Europe, Global, Global Geopolitics, Headlines, Human Rights

RIGHTS: Journalists ‘First Target’ in Conflicts, IFJ Says

Niccolo Sarno

BRUSSELS, Dec 22 1999 (IPS) - Following NATO’s intentional bombing of Serbian media in April, the spread of information from conflict zones has been seriously compromised, the Brussels-based International Federation of Journalists (IFJ) said here Wednesday.

“We have entered a period in which, wherever there is a conflict, journalists and those who work with them are becoming the first targets for the political and military strategists involved in any conflict,” IFJ General Secretary Aidan White told a news conference.

White presented the release of a year-end report by the IFJ and the International Press Institute (IPI) to the press.

The IFJ, the world’s largest journalists federation, and the IPI, a worldwide organisation representing editors and publishers, said in a joint report that 86 journalists and media staff were killed or murdered during 1999.

According to their report, 25 journalists and media workers died in the Federal Republic of Yugoslavia, “of which 16 were victims of the NATO (North Atlantic Treaty Organisation) bombing of the Radio- Television Serbia building in Belgrade in April.”

However, ‘the systematic oppression of independent media by the Belgrade regime” of Slobodan Milosevic was not diminished by NATO’s “misguided and reckless decision to target media” during the bombing campaign, says the report.

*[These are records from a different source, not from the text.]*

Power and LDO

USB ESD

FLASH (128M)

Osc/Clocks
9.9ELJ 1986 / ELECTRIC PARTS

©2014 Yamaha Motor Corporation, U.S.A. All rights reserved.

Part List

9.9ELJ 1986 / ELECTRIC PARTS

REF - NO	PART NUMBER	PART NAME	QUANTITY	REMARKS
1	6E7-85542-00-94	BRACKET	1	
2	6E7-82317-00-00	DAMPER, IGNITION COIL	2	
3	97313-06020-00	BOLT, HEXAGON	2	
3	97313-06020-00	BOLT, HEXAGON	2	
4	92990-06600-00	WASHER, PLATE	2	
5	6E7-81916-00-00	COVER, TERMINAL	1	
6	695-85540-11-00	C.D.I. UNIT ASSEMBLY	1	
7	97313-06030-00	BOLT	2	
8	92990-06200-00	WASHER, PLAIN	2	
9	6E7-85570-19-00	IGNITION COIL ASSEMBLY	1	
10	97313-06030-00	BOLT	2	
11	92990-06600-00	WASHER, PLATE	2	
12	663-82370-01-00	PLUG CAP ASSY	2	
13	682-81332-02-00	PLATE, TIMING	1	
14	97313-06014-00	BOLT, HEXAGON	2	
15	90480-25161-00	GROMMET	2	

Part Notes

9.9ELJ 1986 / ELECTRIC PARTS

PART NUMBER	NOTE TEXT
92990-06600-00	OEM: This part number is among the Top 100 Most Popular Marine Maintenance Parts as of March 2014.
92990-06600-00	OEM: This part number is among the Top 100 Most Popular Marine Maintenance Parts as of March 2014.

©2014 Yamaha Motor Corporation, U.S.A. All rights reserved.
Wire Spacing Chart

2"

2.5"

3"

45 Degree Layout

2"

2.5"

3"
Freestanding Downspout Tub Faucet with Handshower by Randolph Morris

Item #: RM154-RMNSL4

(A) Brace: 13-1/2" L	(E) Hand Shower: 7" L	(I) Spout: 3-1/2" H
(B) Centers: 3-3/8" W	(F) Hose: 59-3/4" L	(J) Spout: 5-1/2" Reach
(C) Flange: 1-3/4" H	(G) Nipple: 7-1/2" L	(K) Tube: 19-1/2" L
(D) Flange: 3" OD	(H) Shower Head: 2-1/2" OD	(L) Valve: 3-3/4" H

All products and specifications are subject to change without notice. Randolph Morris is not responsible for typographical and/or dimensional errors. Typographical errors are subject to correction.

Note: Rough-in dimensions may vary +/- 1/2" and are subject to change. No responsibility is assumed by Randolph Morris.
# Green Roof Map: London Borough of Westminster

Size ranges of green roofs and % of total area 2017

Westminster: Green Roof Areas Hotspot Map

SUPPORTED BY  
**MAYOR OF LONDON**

White said that the bombing “did not end the problem of propaganda, (and) did not end the problem of the pressure from the Milosevic regime on independent media.”

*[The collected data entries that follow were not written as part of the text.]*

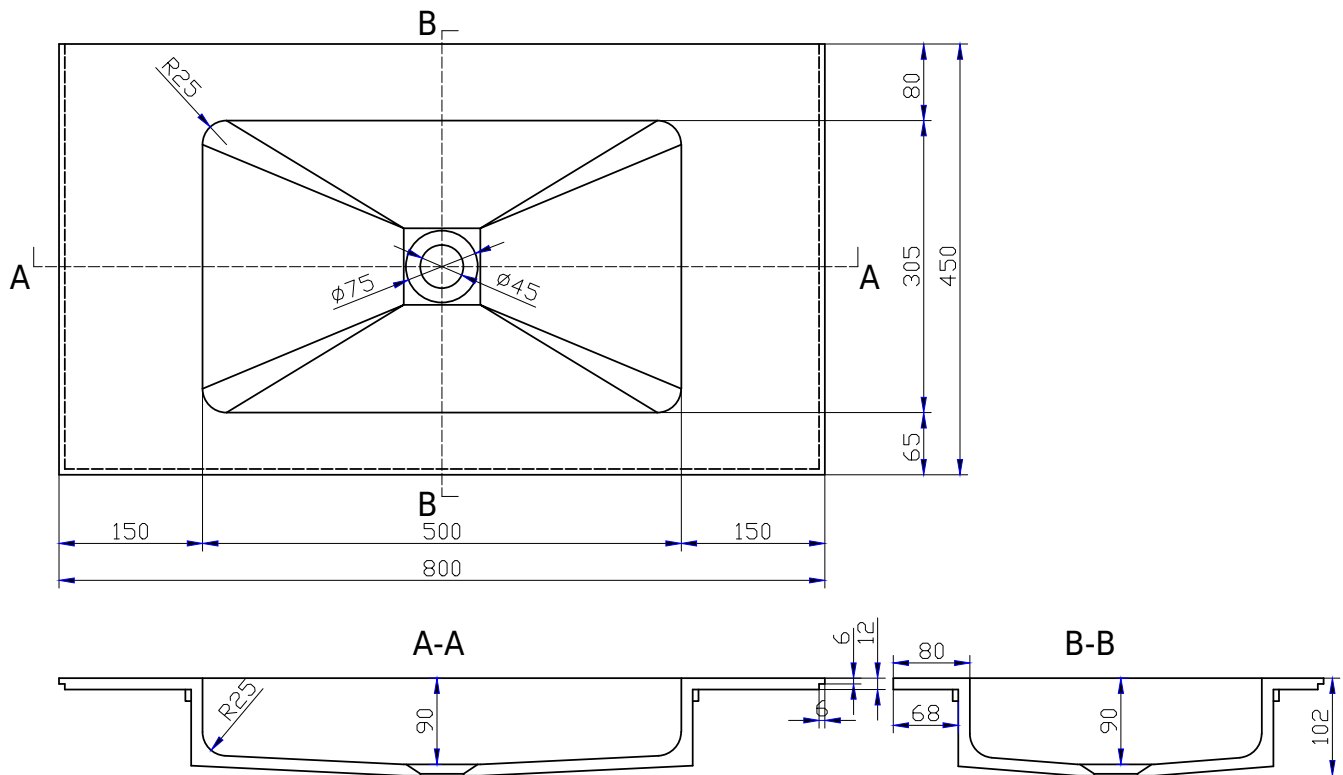

# SQ2 80 centred wash basin

SKU: 30040078

**Colour:** Matte white  
**Size:** 10.2cm / 80cm / 45cm  
**Weight:** 12kg net

**SQ2 80 centred wash basin details:**
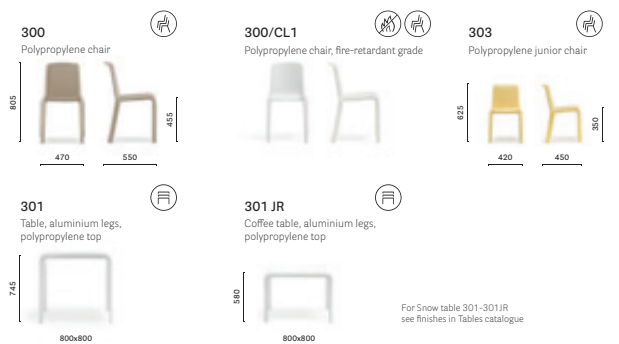

SIZES / DIMENSIONI

FINISHES / FINITURE

polypropylene / polipropilene (Snow chair)
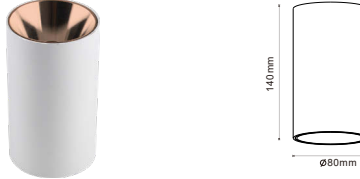

Surface Fitting Round-GU10

Model No: VT-882-RRG	Color: White + Rose gold Reflector
SKU: 8592	Dimension: ø80×140mm
Base: GU10	Cutting Size: NA
Material: Aluminium + PC	Box Qty: 50
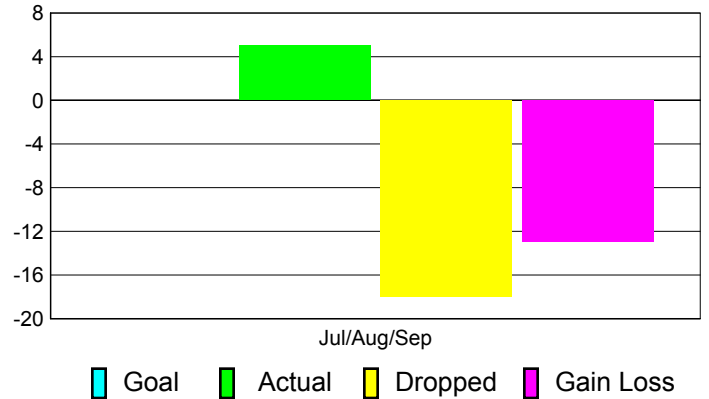

Membership Results 2011-2012

Goal, New, Dropped, Gain/Loss
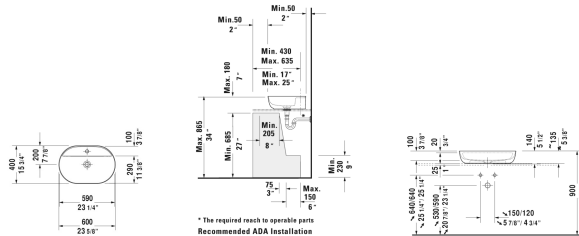

Luv Washbowl & # 038060..00 / 038060..00 / 038060..00 / 038060..00

< 23 5/8" Inch >

Washbowl	Dimension	Weight	Order number
ground, without overflow, with faucet deck, ceramic covered slotted waste included, hardware included, 23 5/8" Inch			
Colors			
00 White 21 White/Sand Satin Matte 23 White/Gray Satin Matte 26 White/White Satin Matte			
Variant			
● inside color White, outside color White	23 5/8" x 15 3/4" Inch	22.7 lb	038060..00
● inside color White, outside color Sand Satin Matte	23 5/8" x 15 3/4" Inch	22.7 lb	038060..00
● inside color White, outside color Gray Satin Matte	23 5/8" x 15 3/4" Inch	22.7 lb	038060..00
● inside color White, outside color White Satin Matte	23 5/8" x 15 3/4" Inch	22.7 lb	038060..00
Infobox			
Made of DuraCeram, * When using this siphon please observe outlet height from upper surface of finished floor to center of outlet in accordance with the technical specification sheet			
Sanitary ceramics with the special WonderGliss surface finish will remain clean and attractive-looking for a long time to come. When ordering WonderGliss please add a "1" as eleventh digit to the model number.			
Design Siphon		3.3 lb	005036
Suitable products			
Vanity unit for console floorstanding 2 pull-out compartments, 68 1/4" x 22 1/2" Inch	68 1/4" x 22 1/2" Inch		LU9562 B
Vanity unit for console floorstanding 1 pull-out compartment, 25 1/4" x 17 3/4" Inch	25 1/4" x 17 3/4" Inch		LU9560
Vanity unit for console floorstanding 1 drawer, 1 pull-out compartment, upper drawer including cut-out for siphon and siphon cover, 25 1/4" x 17 3/4" Inch	25 1/4" x 17 3/4" Inch		LU9565
Vanity unit for console floorstanding 2 pull-out compartments, 68 1/4" x 22 1/2" Inch	68 1/4" x 22 1/2" Inch		LU9563 L/R

All drawings contain the necessary measurements which are subject to standard tolerances. They are stated in inch & mm and are non-binding. Exact measurements, in particular for customized installation scenarios, can only be taken from the finished ceramic piece.

Furthermore, he said that immediately after the NATO bombing in Belgrade, “we were most disturbed to note that in the (nearly 50- year-old) conflict between India and Pakistan in Kashmir, for the first time, there were two distinct instances of both countries taking action against media specifically from the other countries.”

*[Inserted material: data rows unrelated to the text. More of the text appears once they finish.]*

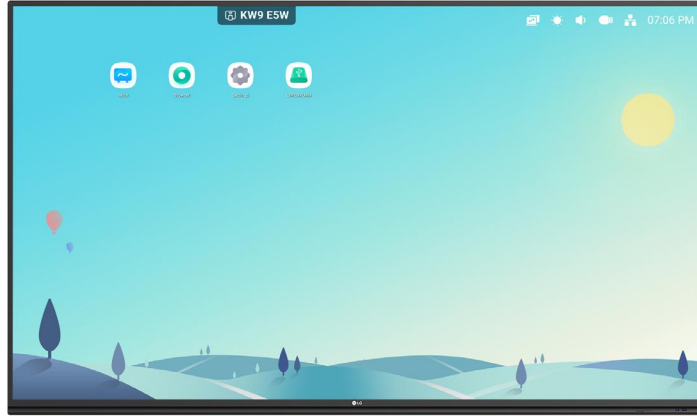

TR3PJ SERIES

Compatible with Various OS

- Android, iOS, Mac, Windows, Chrome

Wireless Screen Mirroring from / to Devices

- Two Way Communication
- Up to 6 Devices on Display
  - Direct Sharing Annotation & Files

Excellent Writing Experience

- Note Software Embedded
  - Nearly no Gap from Glass with Direct Bonding

Professional Annotation Tool

- Writing on any Sources
- Redo and Undo of Annotation

Embedded Android 9.0 OS

- Free Embedded Applications
- Note, Web Browser, Screen Share Pro

Enhanced Security

- Keep Your Contents to Be Secured with Secure Mode and USB Block Mode

TR3PJ SERIES FEATURES

4K Resolution (UHD) OSD (On Screen Display)

Multi Touch 20

Nearly No Air Gap

Energy Efficient (DPM, EU ErP Compatible)

Anti-glare / Tempered Glass

Screen Mirroring

OTA (Over the Air) CS only

Enhanced Security

Integrated Speaker and Wi-Fi Dongle

HDMI-out (RGB, Android, OPS)

White also said that when the Russians began to attack Chechnya and its capital, Grozny, “We noticed too – it began with attacks directly on the Chechen radio and television facilities.”

“So, what we are very concerned about is that ‘taking out the media’ is going to become the first imperative of any conflict that we get into, and this is very dangerous,” he added.

IPI Director Johann P. Fritz said in the introduction to the report that “journalists are being slaughtered at a time when the public need impartial information most: during times of war and conflict.”

Most of the journalists who were killed in 1999 “were cut down in waves of violence” in the Balkans, Colombia, Russia and Sierra Leone – caught up in the conflicts they were reporting on. But the deaths of many others remain unexplained.

“These deaths are the tip of an iceberg of physical assaults, jailings and disappearances that affect journalists every year,” according to the report.

It also said that in terms of violent attacks on and targeted killings of journalists, 1999 has been the second worst year ever, surpassed only by 1994, “the worst year on record” with massacres in Rwanda, Algeria and Bosnia.

“There is too much impunity as far as the killings of journalists are concerned. We often find that there are no proper investigations into killings of journalists and media workers,” said White.

“In fact, the dangers to journalists today are greater than they’ve ever been, and all the evidence we have is that they’re going to increase in the future,” he noted.

“There is not even, in many cases [of murder], the beginning of an enquiry which will satisfactorily establish” who were the journalists’ killers, said White.

Pointing to the fact that there are several international declarations and Conventions on human rights that would protect journalists, White said: “the problem is that putting these into effect requires political will ]; at the level of the United Nations we must seek much more consistency and (place) many more demands on [UN] member states to meet the fundamental rights that they signed up to.’

“We would hope that political institutions like the European Union and its member states will not trade with, [and] will not encourage cooperation with countries where that respect for human rights is not maintained,” he added.